Anthony Joshua has revealed he could weigh under 17 stone after shedding the pounds for his fight against Andy Ruiz Jr on Saturday.

The former WBA, WBO and IBF heavyweight champion will look to win back the belts he lost in stunning fashion against Ruiz earlier this year when the pair do battle in Saudi Arabia.

Joshua weighed 17st 9lbs for the June fight in New York, where he was knocked down on four occasions before suffering his first career defeat in a result that shocked boxing.

The Briton will come in dramatically lighter for the rematch after a training camp inspired by the methods of Muhammad Ali, though he insists his punching power has actually improved.

Joshua (22-1) has not weighed in at under 17st for a fight since 2014.

"I may be less than 17 stone," the 30-year-old said to BBC Sport. "I'm punching loose and heavy - rhythm and flow. 

"Before I was trying to bench press a house. I used my body to get where I needed but then I started realising the sweet science of the sport. I am punching like a horse kicking backwards right now.

"When Muhammad Ali was training, he said he would build a shack to train in. There are clues to success and you have to go back to what it takes to be a great heavyweight champion. 

"We had to bring in hard, rough sparring partners. I brought in the toughest and roughest."

But Ruiz (33-1) engaged in mind games by turning up to Wednesday's press conference in a New York Knicks jersey and insisted he has no concerns over Joshua's power, despite being knocked down himself in the third round of their first fight.

"Not really," Ruiz, also 30, said of the threat of AJ's power. "I was the one who had the strength, the one backing him up. When I jabbed, I pushed him away.

"I know he lost weight and that he will try and box me around, so it's my job to prevent that.

"I have been doing this since I was six and it is finally paying off. There is no way I am going to let these belts go, I will die trying. It has been a rollercoaster and now that I made the dreams come true there is no way I will let these go."

The development with Joshua's weight drop has led Hasim Rahman, the former world champion who stunned Lennox Lewis before losing a rematch in 2001, to back Ruiz for victory.

"I am leaning at the moment to Ruiz by knockout," he said. 

"I just think Joshua has lost weight. I didn't see him with much fat to lose. I feel he may have lost muscle and that can be detrimental.

"He could win a decision if he executes perfectly and uses his distance. But if Andy hits him, Andy will finish him."

When Andy Ruiz Jr and Anthony Joshua clash in their rematch for the IBF, WBA and WBO heavyweight titles, the tactical battle should prove to be intriguing.

Ruiz shocked the world when he decked Joshua four times on the way to a huge upset win in New York in June.

The Briton will be out to prove that setback was just a bump in the road and bring his superior physical attributes to bear, while Ruiz will aim to show that stunning result was no fluke.

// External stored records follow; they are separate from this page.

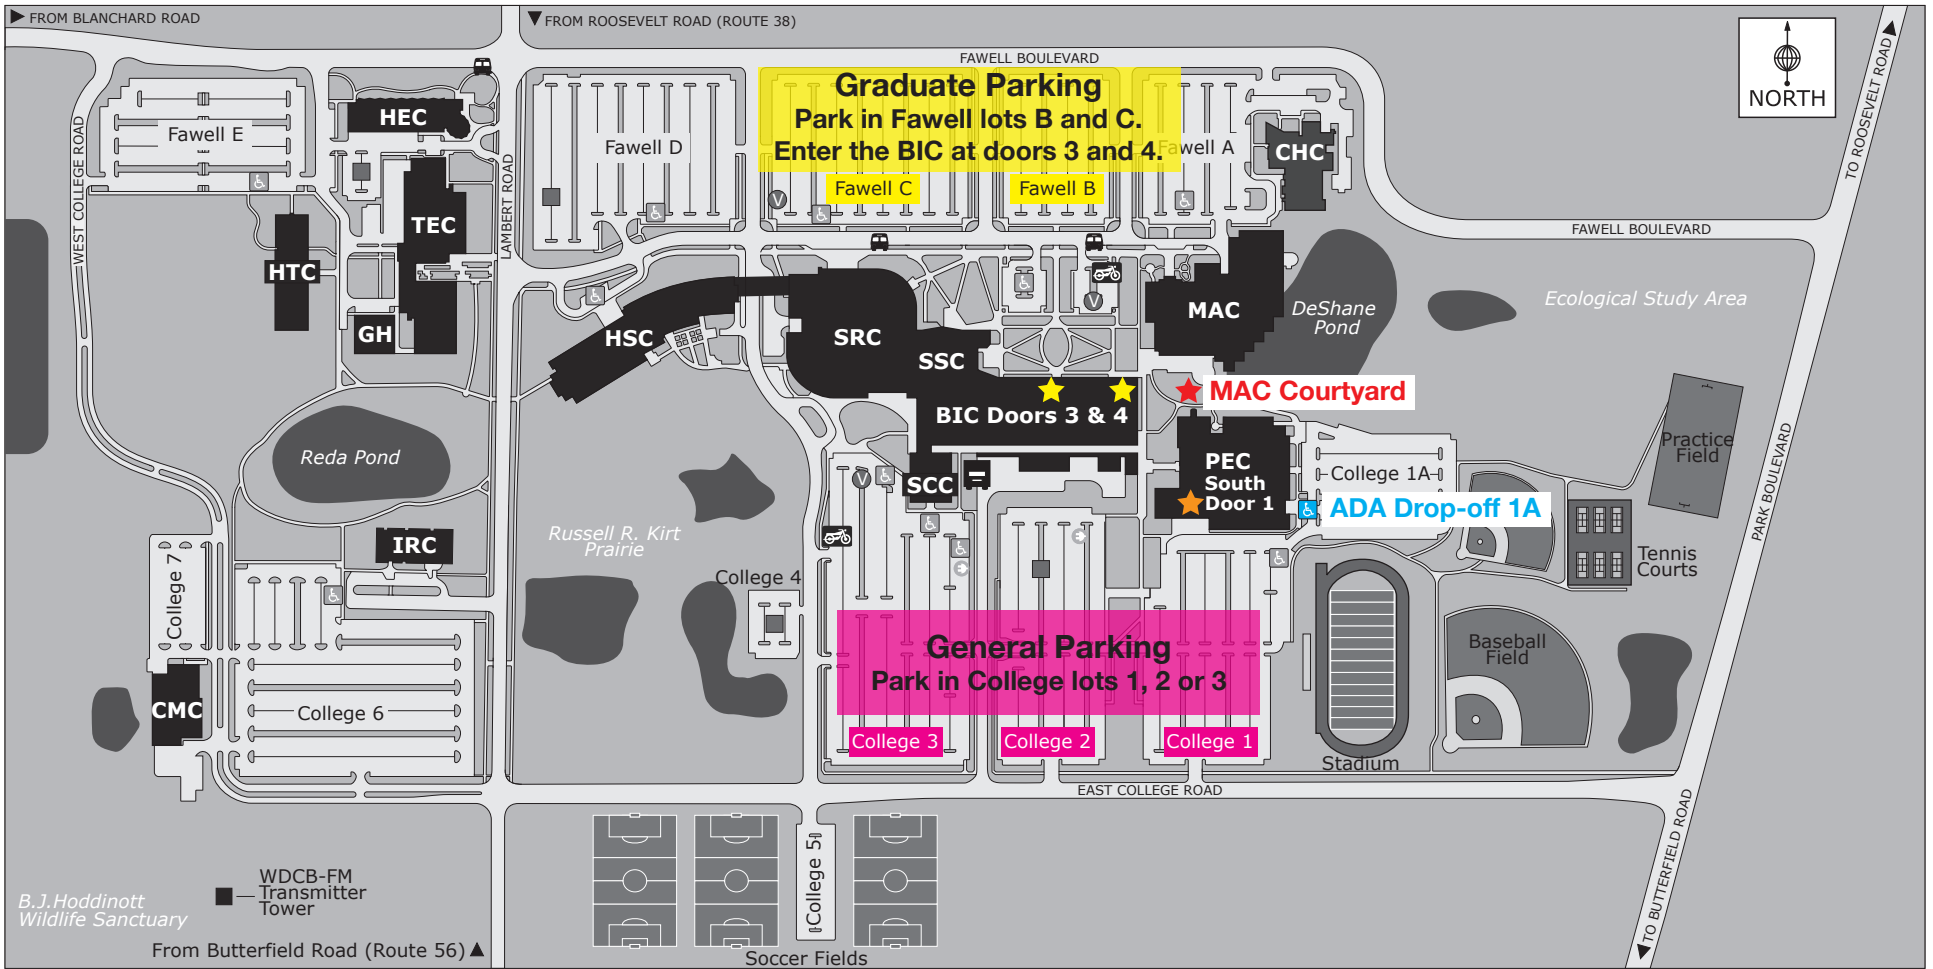

# High School Graduation Map (Parking, Entrances and Drop-off Locations)

Produced by mapformation for College of DuPage. Last updated Aug. 2019/COD.

### Main Entrance

Physical Education Center (PEC)  
 South Door 1

### Graduate Parking

Park in Fawell lots B and C.  
 Enter the Berg Instructional Center (BIC)  
 at doors 3 and 4.

### ADA Drop-off Area and Parking

Drop-off or park in College 1A
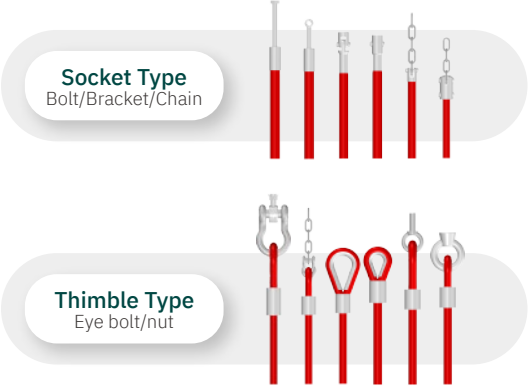

# Tower Play

1001~1016-series

4

To more see SCAN  
RC-T1006

High Level

Rope Connector
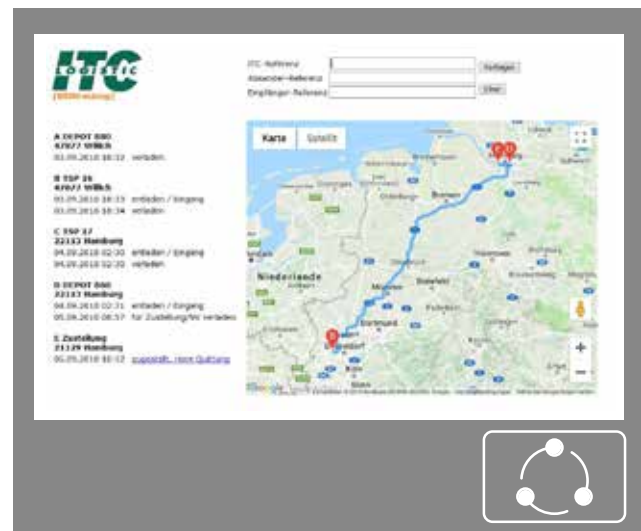

Electronic invoicing

Electronic invoicing is done via the Edifact Invoice interface, alternatively available in PDF format via e-mail.
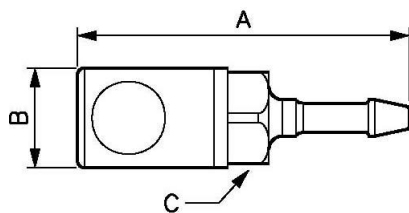

Extension coupler

For hose ID (mm)

6

Max operating

pressure

Oxygen : 1,5 bar Acetylene :
12,5 bar

Construction

Treated steel

Applications

Welding, cutting

Description

Reference

For hose ID (mm)

SIC 061806K

6

SIC 061810K

10

Dimensions

Reference	A mm	B mm	C mm
SIC 061806K	70	22	20
SIC 061810K	70	22	20
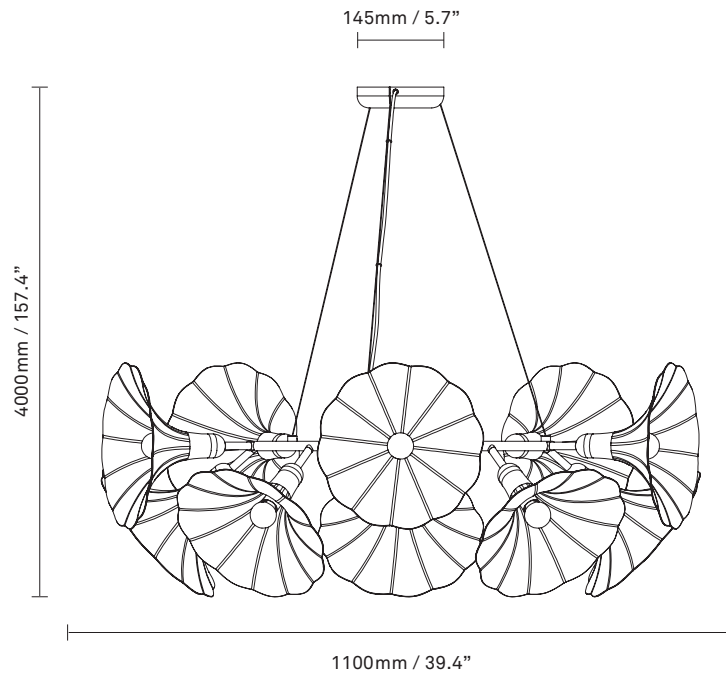

NUURA

PETALII 10
white / polished brass

Design: Nika Zupanc, 2023

Petalii 10 is a statement piece, an object of conversation, evoking interesting stories within a décor.

Explore the rest of the **Petalii** collection on our website, [here](#)

Product no.: EU - 2111001

Type: Chandelier - indoor

Colour: Metal: white, chrome brass finish

Materials: Powder-coated metal, anodized metal

Dimensions: 1000mm / 39.4in x 400mm / 15.7in
Cable length: max 4000mm / 157.4in
Ceiling plate: 145mm / 5.7in

Weight: 6000g

Packaging: Dimensions: L: 1100mm / 43.3in x
W: 1100mm / 43.3in x H: 450mm /
17.7in Weight: 6100g
Total weight incl. product: 12100g
Number of parcels: 1
Material: Brown cardboard

Certifications: CE, UKCA, IP20, Class II

The men calling the shots from the corners will have had their plans in place for some time now. But will Joshua's coach Rob McCracken or Ruiz's cornerman Manny Robles be celebrating?

Here, we look at the two steadying influences behind the big men.



A former British light-middleweight champion and middleweight world-title challenger, McCracken rose to global prominence as Carl Froch's trainer – a calm and astute voice in the corner as 'The Cobra' enjoyed a thrilling run at the top of the 168lb division. He also oversaw Great Britain's amateur squad in the build-up to a triumphant 2012 Olympic Games, bringing him into contact with Joshua, the gold medallist he guided to world honours in 16 professional fights.

Career highlight

When London 2012 arrived on the heels of Froch's underdog shellacking of Lucian Bute, there was a strong case to be made that McCracken was the finest British coach operating across any sport at that time. Three-time world champion Froch enjoyed many memorable nights, but his dismantling of feared southpaw Bute at a fervent Nottingham Arena marked a thrilling high for both boxer and trainer.

Career low

The ever-laconic McCracken appears to have taken most of the noise in his stride since Joshua's world came crashing down. Nevertheless, luminaries such as Lennox Lewis openly questioned his credentials, while McCracken's subsequently retracted claim that he let his fighter box on while "concussed" drew widespread criticism. Joshua insists he never considered parting company with his head trainer but has brought additional help into his camp, adding Angel Fernandez and Joby Clayton to the team.

What he said

"I think my reputation should speak for itself and my first concern is always for the fighters. That should never be questioned," McCracken told reporters this week, before expressing unexpected solidarity with Ole Gunnar Solskjaer. "At this level, you're going to take stick. It comes with the territory and I've got a thick skin. The Manchester United manager is going to take stick if they lose and this is the equivalent in boxing."

What they said

"I feel like where we come from, loyalty means everything," Joshua told BBC Sport when discussing his coach's position. "I'm not perfect, Rob's not perfect but we're definitely trying. If I have the attitude to change Rob, then I might as well have the attitude to stop boxing after I've lost."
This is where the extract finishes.